• WHAT YOU WILL DO
Would you please transcribe the data in full and exactly, excluding images?

(Collected data entries)
********************
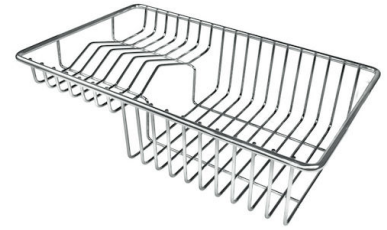

VASCA A RAGGIO STRETTO

Vasche con forme squadrate dal design moderno e con aumentata capienza. Per un'estetica minimal coniugata con la massima praticità.

DETTAGLI

Bordo Installazione

Sottotop

Finitura

Spazzolato Foster

Materiale

Acciaio inox AISI 304

Texture	Spazzolato
Base	60 cm
Dimensioni	490x440 mm
Dotazioni standard	Ganci di fissaggio, guarnizione, piletta, troppo-pieno e sifone, Imballo in scatola
Fori Mixer	Nessun foro di serie
Foro incasso	Vedi scheda tecnica
Gocciolatoio	No
Larghezza	49 cm
Misura vasca	450x400mm
Numero vasche	1 vasca
Piletta	Piletta 3,5"

DATI TECNICI

Cut out size
Dimensioni per foratura top

ACCESSORI OPZIONALI

Cestello bianco
8612 100

Cestello inox
8612 000

Cestello portapiatti inox
8100 303
* solo in abbinamento con l'accessorio
8644 101

Griglia portapiatti inox
8100 154

Tagliere in cristallo
8631 300

Tagliere in HPDE
8657 001

Tagliere Twin in HDPE
8644 101

Vaschetta bianca
8153 100

Cestello portapiatti inox
8100 201

**Kit grattugia con supporto per
anello e vassoio di raccolta alimenti**
8159 101
* solo in abbinamento con l'accessorio
8644 101
********************
• EXERCISE ANSWER
VASCA A RAGGIO STRETTO

Vasche con forme squadrate dal design moderno e con aumentata capienza. Per un'estetica minimal coniugata con la massima praticità.

DETTAGLI

Bordo Installazione

Sottotop

Finitura

Spazzolato Foster

Materiale

Acciaio inox AISI 304

Texture	Spazzolato
Base	60 cm
Dimensioni	490x440 mm
Dotazioni standard	Ganci di fissaggio, guarnizione, piletta, troppo-pieno e sifone, Imballo in scatola
Fori Mixer	Nessun foro di serie
Foro incasso	Vedi scheda tecnica
Gocciolatoio	No
Larghezza	49 cm
Misura vasca	450x400mm
Numero vasche	1 vasca
Piletta	Piletta 3,5"

DATI TECNICI

Cut out size
Dimensioni per foratura top

ACCESSORI OPZIONALI

Cestello bianco
8612 100

Cestello inox
8612 000

Cestello portapiatti inox
8100 303
* solo in abbinamento con l'accessorio
8644 101

Griglia portapiatti inox
8100 154

Tagliere in cristallo
8631 300

Tagliere in HPDE
8657 001

Tagliere Twin in HDPE
8644 101

Vaschetta bianca
8153 100

Cestello portapiatti inox
8100 201

**Kit grattugia con supporto per
anello e vassoio di raccolta alimenti**
8159 101
* solo in abbinamento con l'accessorio
8644 101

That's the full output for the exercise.